Your instructions » Using the data below, return all lines in which "Claiborne" appears.

(Collection entries)
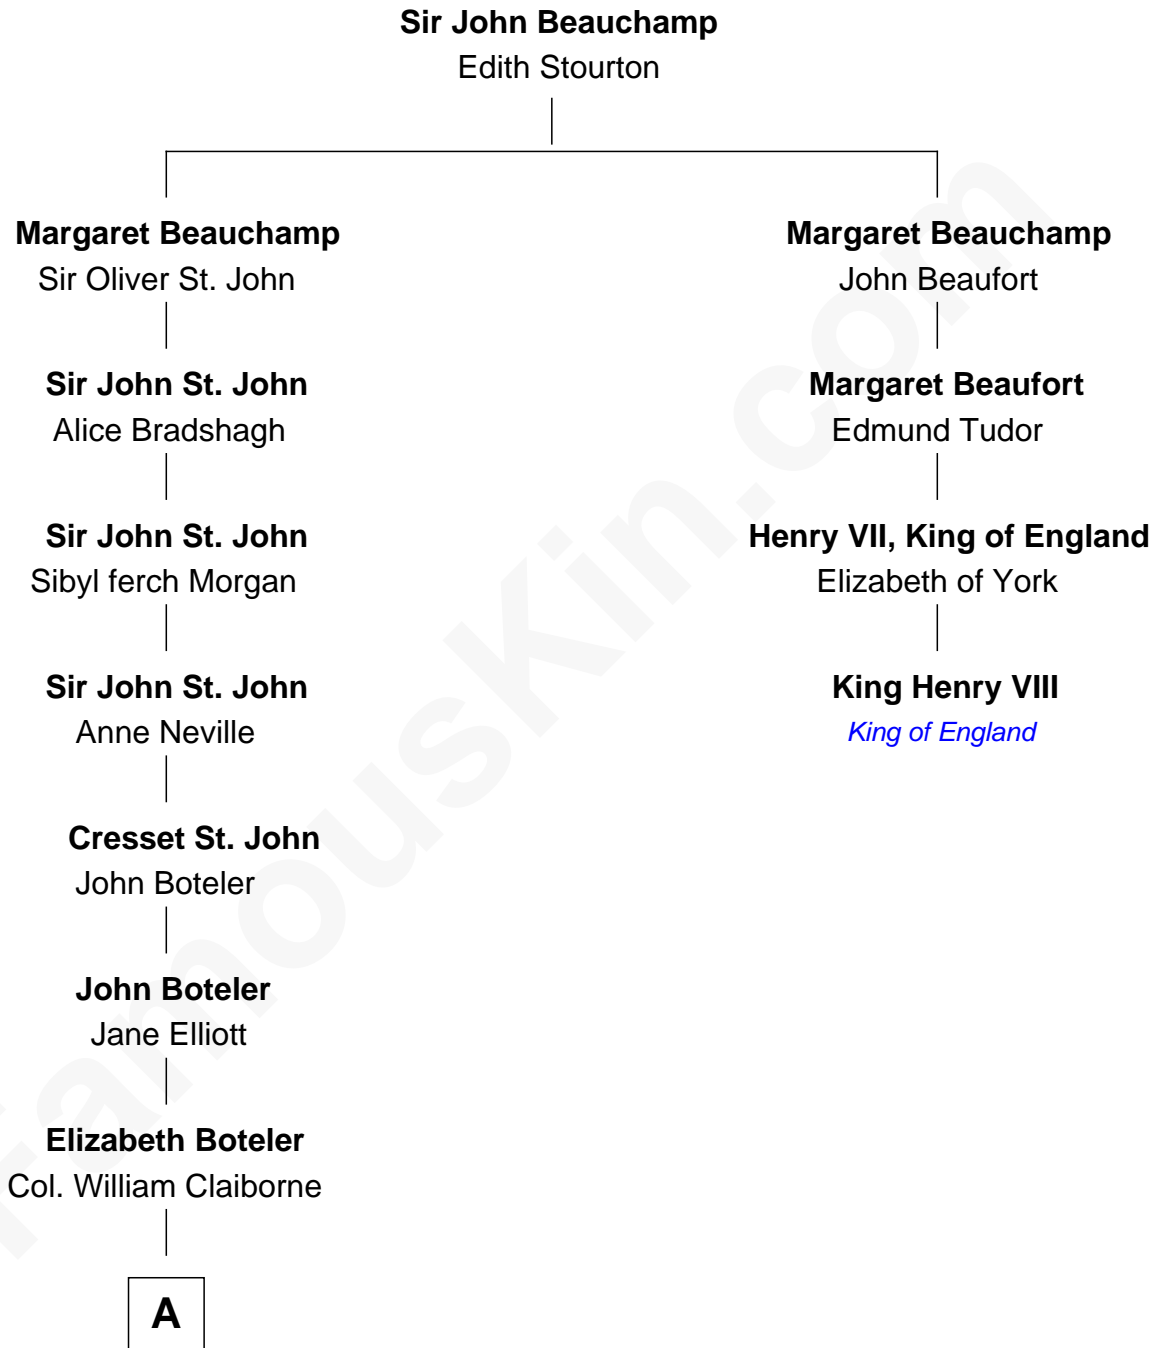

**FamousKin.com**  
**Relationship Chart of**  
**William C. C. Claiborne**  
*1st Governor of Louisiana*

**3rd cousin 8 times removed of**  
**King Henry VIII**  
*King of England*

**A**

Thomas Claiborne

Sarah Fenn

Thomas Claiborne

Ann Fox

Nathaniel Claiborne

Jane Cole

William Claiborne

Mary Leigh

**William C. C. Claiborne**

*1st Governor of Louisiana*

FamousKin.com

Exercise answer »
**William C. C. Claiborne**  
Thomas Claiborne
Thomas Claiborne
Nathaniel Claiborne
William Claiborne
**William C. C. Claiborne**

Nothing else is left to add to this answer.